The professionalism metric here is a great example - what it means to be professional in one work setting can be drastically different from another and in our case, the custom professionalism metric we define will allow us to ensure that the chatbot maintains a professional tone typically expected in a medical setting.
G-Eval is a custom metric framework that enables users to leverage LLMs for evaluating outputs based on their own tailored evaluation criteria.
Now that we've selected our three metrics, let's see how to implement them in code.
Defining Metrics in DeepEval
To define our Answer Relevancy, Contextual Relevancy, and custom G-Eval metric for professionalism, you'll first need to install DeepEval. Run the following command in your CLI:
pip install deepeval
Defining Default Metrics
Let's begin by defining the Answer Relevancy and Contextual Relevancy metrics, which is as simple as importing and instantiating their respective classes.
from deepeval.metrics import (
AnswerRelevancyMetric,
ContextualRelevancyMetric
)
answer_relevancy_metric = AnswerRelevancyMetric()
contextual_relevancy_metric = ContextualRelevancyMetric()
Defining a Custom Metric
Next, we'll define our custom G-Eval metric for professionalism. This involves specifying the name of the metric, the evaluation criteria, and the parameters to evaluate. In this case, we're only assessing the LLM's actual_output
.
from deepeval.test_case_import import LLMTestCaseParams
from deepeval.metrics import GEval
# Define criteria for evaluating professionalism
criteria = """Determine whether the actual output demonstrates professionalism by being
clear, respectful, and maintaining an empathetic tone consistent with medical interactions."""

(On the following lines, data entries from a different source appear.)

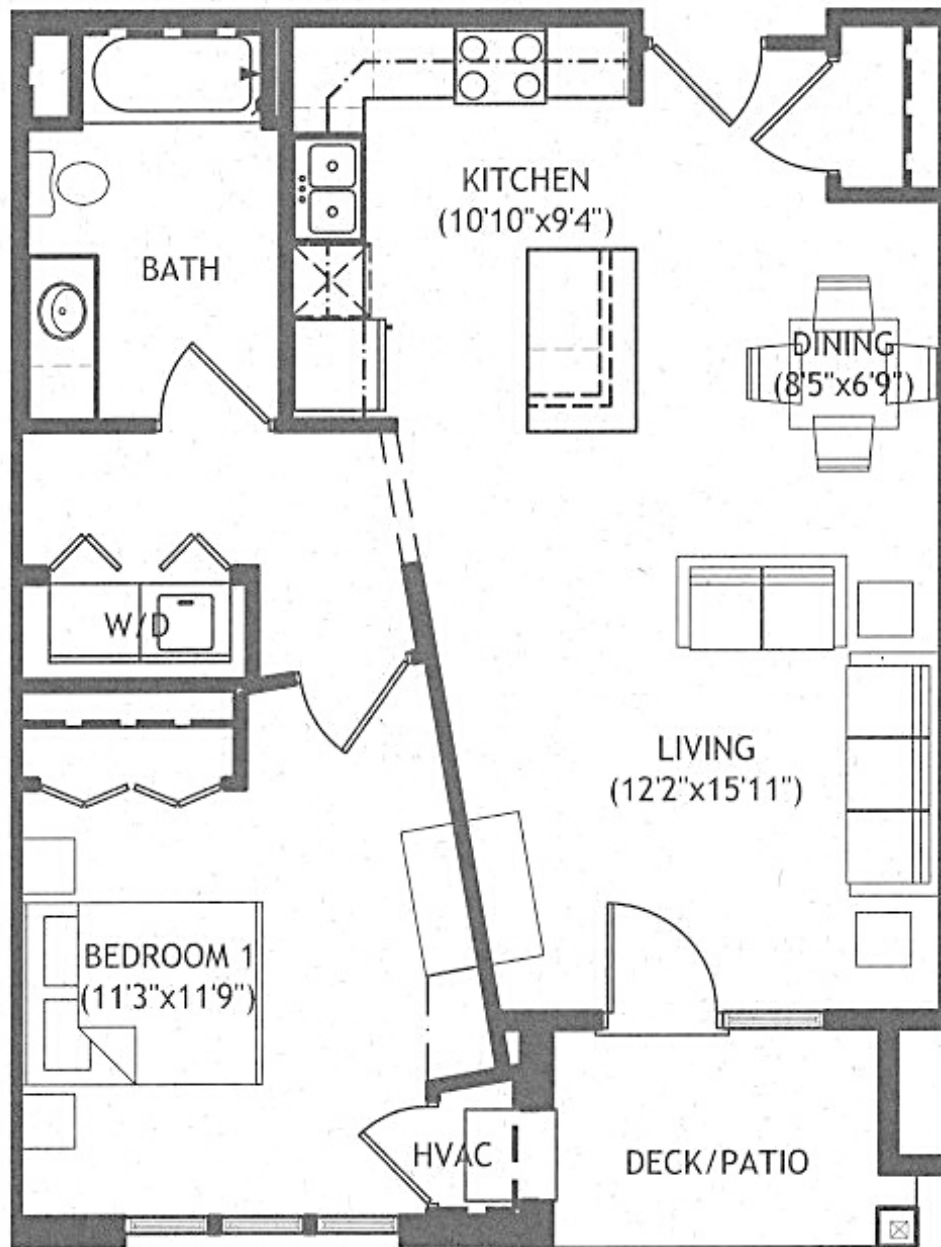

DELAFIELD WOODS

JDMcCORMICK
PROPERTIES

Model: Muir

Sq Ft: 807

Bed: 1

Bath: 1

Floor plan and dimensions may vary

DELAFIELD WOODS

JDMcCORMICK
PROPERTIES

Model: Muir

Sq Ft: 807

Bed: 1

Bath: 1

Floor plan and dimensions may vary

jdmccormick.com 608.819.6500

DELAFIELD WOODS

JDMcCORMICK
PROPERTIES

Model: Muir

Sq Ft: 818

Bed: 1

Bath: 1

Floor plan and dimensions may vary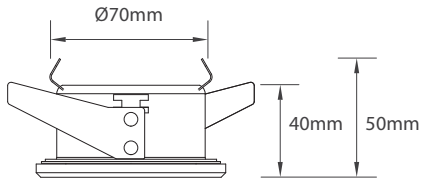

IP Rating	IP20
Voltage	AC220-240V
Frequency	50/60Hz
Ambient Temperature	-20°C~45°C
Cap Type	GU10
Mounting Type	Recessed Ceiling

SPECIFICATIONS

Code No.	Model No.	Body Color	Body Material	Type of Frame
5101569	ILS085SFW01	matt black	aluminum	fixed
5101570	ILS093SFW01	matt black	aluminum	adjustable
5101571	ILS090SFW02	matt black	aluminum	adjustable
5101572	ILS095SFGGR01	matt black	aluminum	fixed
5101573	ILS090SFW05	matt black	aluminum	adjustable
5101574	ILS093SFW03	matt black	aluminum	fixed
5101575	ILS103SFWB01	matt black	aluminum	adjustable
5101576	ILS095SFWS01	matt black	aluminum	fixed
5101577	ILS090SFW01	matt black	aluminum	fixed

DIMENSIONS

5101569

5101570

5101571

DIMENSIONS

5101572

5101573

5101574

DIMENSIONS

5101575

5101576

5101577

APPLICATION PICTURE

This image is for display purpose only, the image may differ from the actual product, as the product is subject to modification provided without prior notice.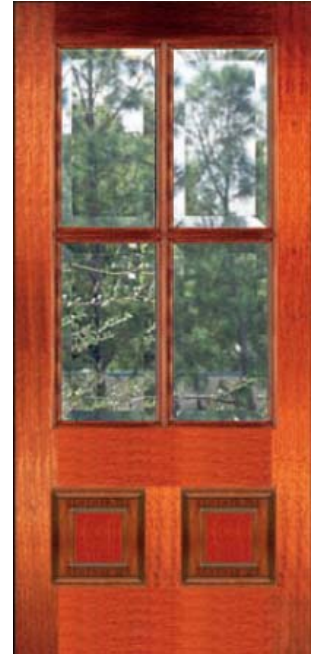

Decorative Wood Entry Doors

All doors shown available as 3'0x6'8 door only
All doors Meranti mahogany except as noted
Updated 3-15-2012

Craftsman 4 Lt Bev

Craftsman 8 Lt Bev
(Dentil Shelf is extra charge)

5 Lite Bev 4 Panel

4 Lite Bev 2 Panel

Torino Iron 1 Lite

V-Groove Knotty Alder
with speakeasy and
clavos

2 Panel Arch V-Groove

9 Lite Bev Marginal
(Prairie)

Center Arch Panel
"Bullet"

Six Panel
Available with or without
raised moulding

Fan Light
Scottsdale

* Available in 8'0

** Available in 8'0 but only as $\frac{3}{4}$ Lite with Raised panel below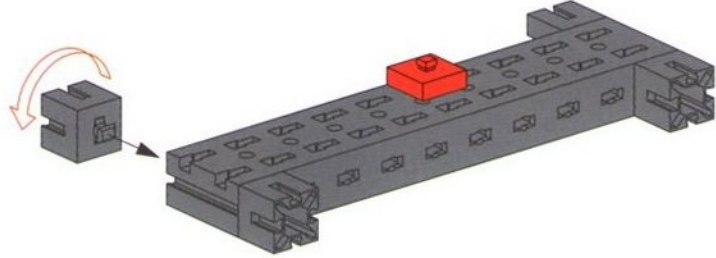

Balans met Schuifgewicht
Balanza con peso corredizo
Stadera

Balkenwaage
Balance Beam Scale
Balance romaine

Balans met hefboom
Bilancia de barras
Bilancia a due piatti

5

- 4x [Grey Technic Beam 1x5]
- 2x [Red Technic Pin]
- 2x [Red Technic L-Bracket]
- 4x [Red Technic Plate 1x4]
- 4x [Red Technic Pin]
- 2x [Red Technic L-Bracket]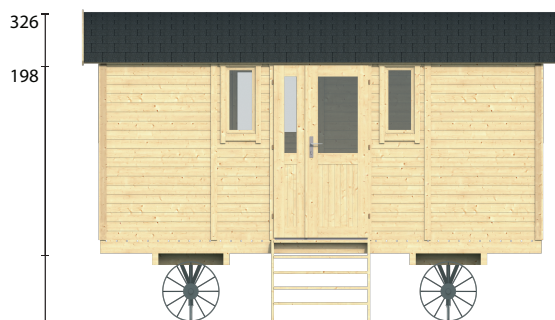

TUINDECO

LEADING IN GARDEN PRODUCTS

40.0179

Patricia Gypsy wagon

All sizes are approximate and in cm

 11,5m²

 23,0m³

 14,3m²

 18mm

 19mm

 3-6-3mm

830/155kg - wheels set

400x120x85cm

312x120x32cm - wheels set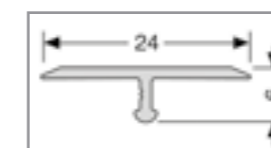

Silver NCS.S 2500-N	1451 021
Stainless steel NCS.S 6005-Y20R	1451 022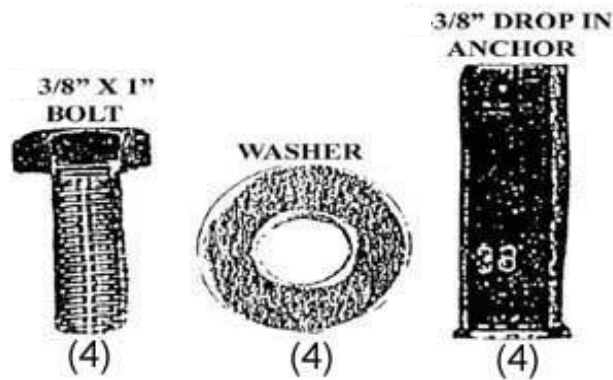

PIPE SUPPORT SPECIFICATIONS

INCLUDED HARDWARE COMPONENTS

*American Backflow
Specialties*

**Pipe
Support**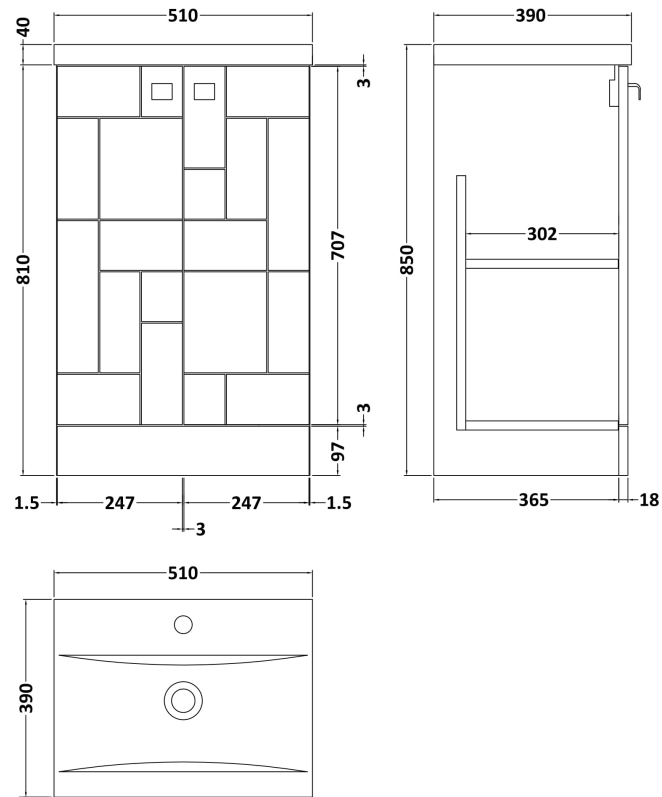

Sales Code: BLO303A

Description: 500 F/S 2-Door Unit & Basin 1

Packaging Details

Barcode: 5056211891086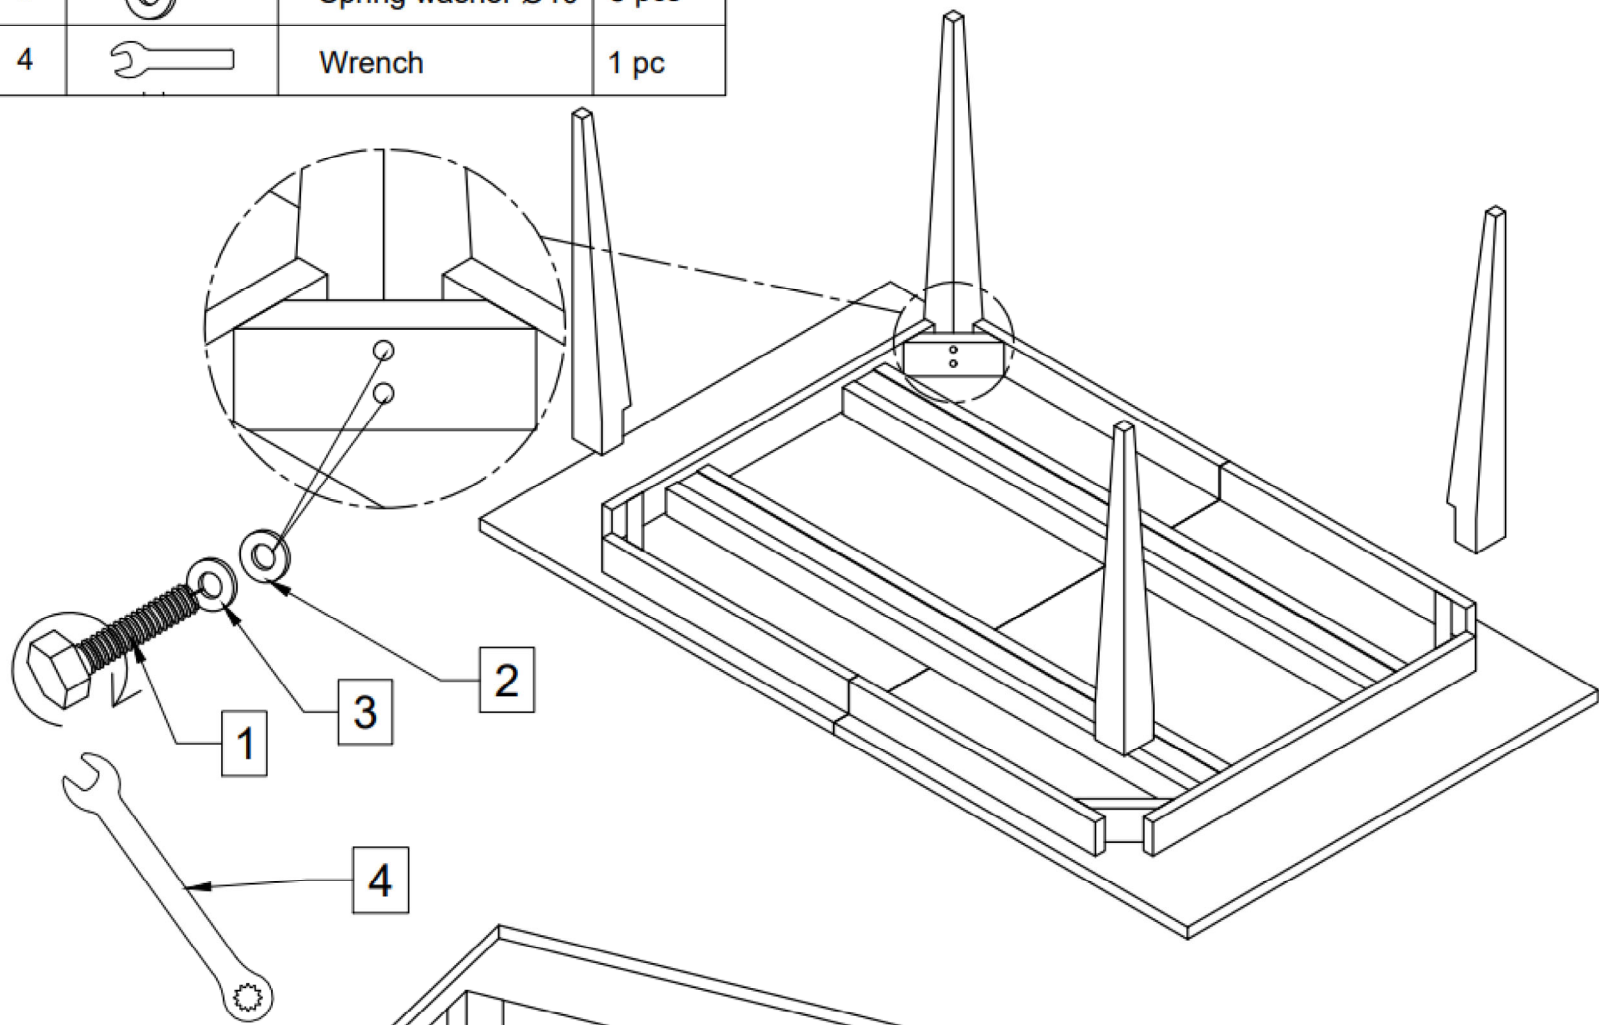

5066 - Sonoma Farm Table

NO.	ITEM	DESCRIPTION	QTY.
1		Bolt M10x60	8 pcs
2		Flat washer Ø10	8 pcs
3		Spring washer Ø10	8 pcs
4		Wrench	1 pc

Step 1. Install 5 legs into top by using Bolt (1), flat washer (2), spring washers (3) and Wrench (not included) (4). Fully tightened all bolts

Step 2. Turn the table stand up then lock

5066 - Sonoma Farm Table

Step 3. Unlock the key underneath table top. Pull out table top and leg to both sides. Place the center leaf (C) into center with the dowels on leaf aligned with pre-drill holes on table top then push 2 sides of the table top in to close with leaf. Lock the key underneath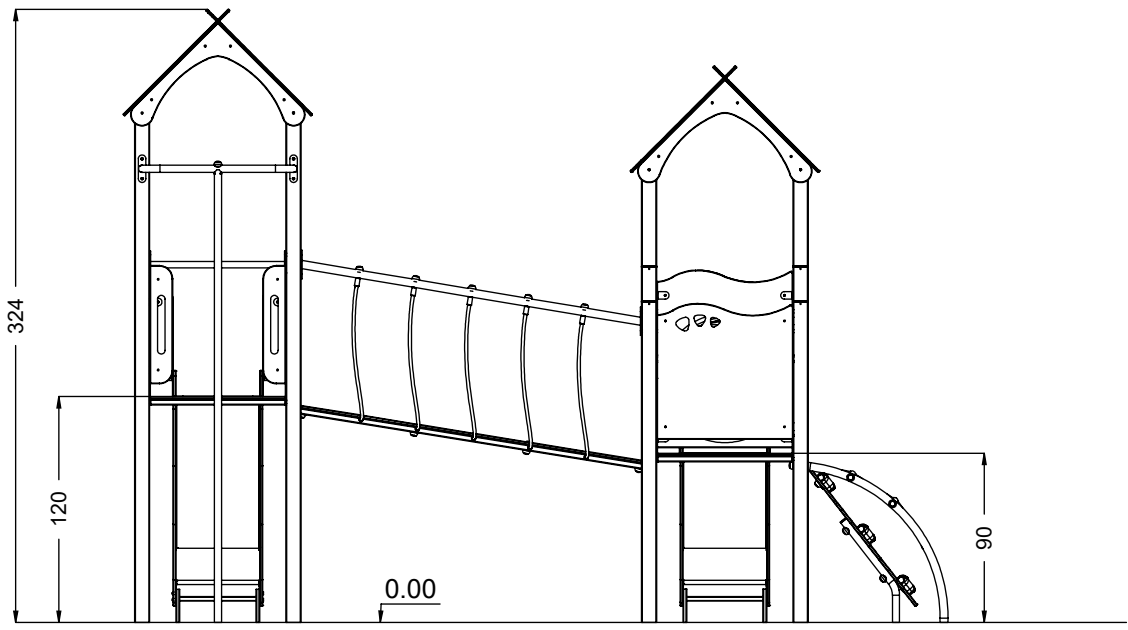

JPVAP04

 x2	8,5h			48h	 SB x21	 SD x21	120 HIC
							

v012
24.05.2021
A. P.
[cm]

BENITO

[cm]

[cm]

52x M10x120 (SD)

NOT INCLUDED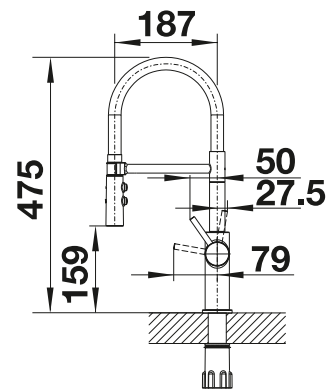

BLANCO CATRIS-S Flexo

- Classic lines flow into semi-professional design and features
- Flexible black hose provides optimal range of motion
- Dual spray with integrated flow stop: easy switch from aerated stream to powerful rinse spray
- Precise magnetic holder ensures convenient hose docking
- Low height ideally combines with kitchen wall units
- Also available in black matt surface finish

PVD		
	PVD steel	525 792
Metallic surface		
	chrome	525 791
Special colours		
	black matt	525 793

Pull-out dual spray

Extendable spray

Technical Drawing

Flowrate 7.8 l

Scope of supply

- 360° swivel spout for greater reach
- Ø 35 mm tap hole required
- Cartridge with ceramic seals
- Spray made of plastic
- Black hose made of silicone
- Flexible connection pipes with a length of 450 mm and 3/8" nut for particularly easy and secure installation
- Patented jet regulator for markedly reduced scaling
- Stabilising plate to increase the stability of the tap when fitted in stainless steel sinks
- With non-return valve and thus guaranteed against reflux in accordance with EN 1717
- LGA approved
- DVGW approved

Mixer taps

Suggested optional accessories

Dirt filter for corner valve

128434

Recommendation soap dispenser

BLANCO LATO Soap dispenser

see page 278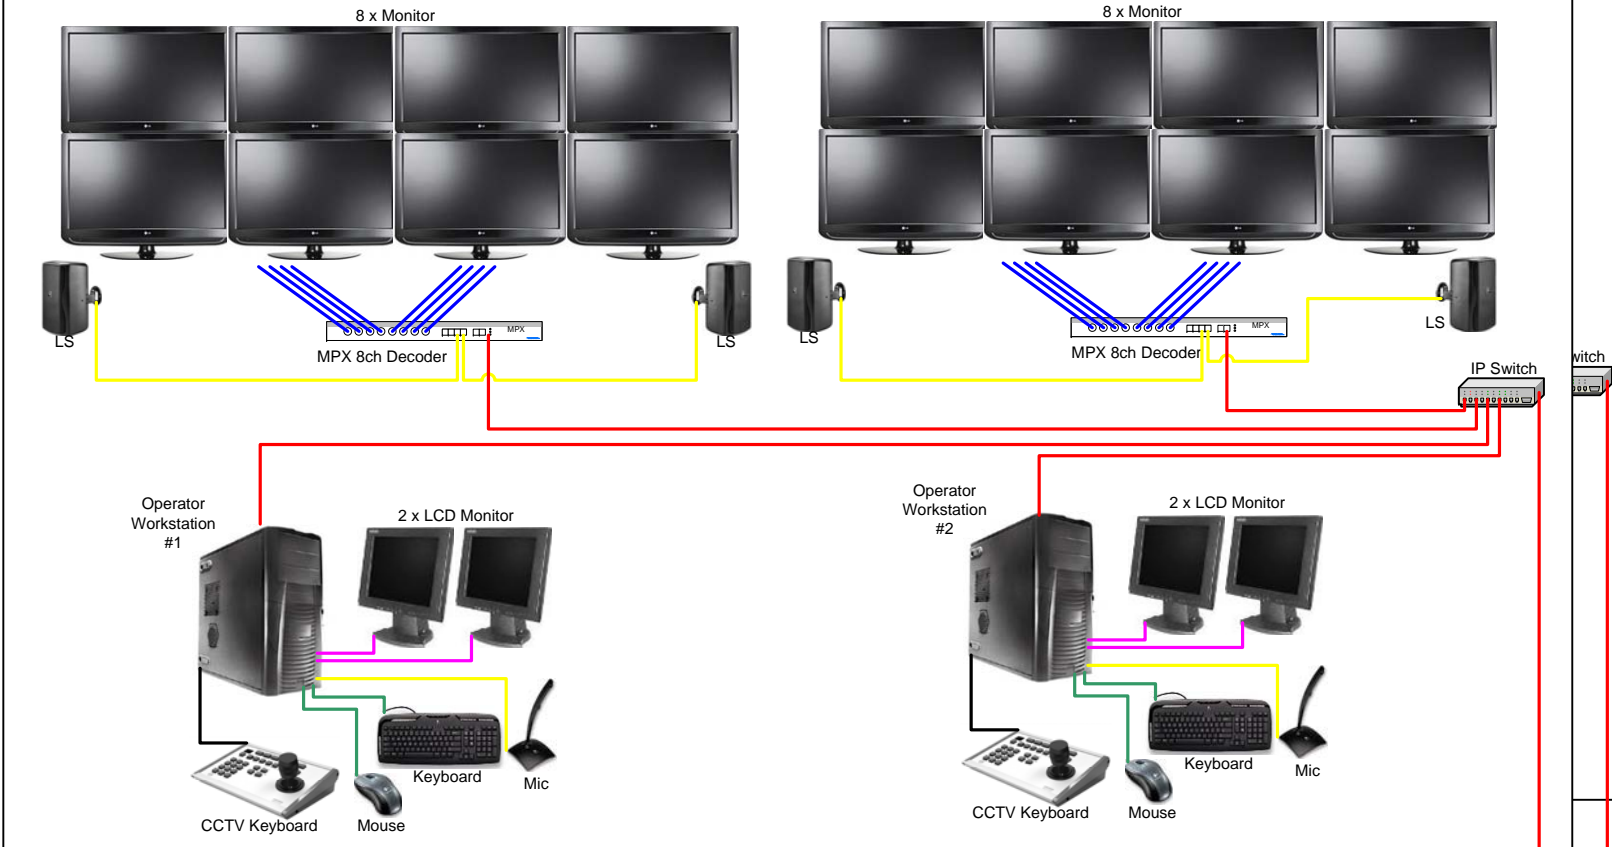

Centrum Monitoringu 2

Centrum Monitoringu 1

Centrum Monitoringu 4

Centrum Monitoringu 3

8 x Monitor

8 x Monitor

IP Switch

Operator Workstation #1

2 x LCD Monitor

Operator Workstation #4

2 x LCD Monitor

Str. 2

LAN

Legenda

- IP Ethernet 10/100BaseT (RJ45)
- RS Data (RJ45)
- Audio (RJ45)
- Mouse Keyboard cable (PS2)
- Monitor cable (VGA/DVI)
- Analogue Video (BNC)
- LS Loud Speaker

# Create a GEval metric for professionalism
professionalism_metric = GEval(
name="Professionalism",
criteria=criteria,
evaluation_params=[LLMTestCaseParams.ACTUAL_OUTPUT]
)
G-Eval is a two-step algorithm that first uses chain-of-thought reasoning (CoTs) to generate a series of evaluation steps based on the specified criteria
. It then applies these steps to assess the parameters provided in an LLMTestCase
and calculate the final score.
With the evaluation criteria defined and metrics selected, we can finally begin running evaluations in the following section.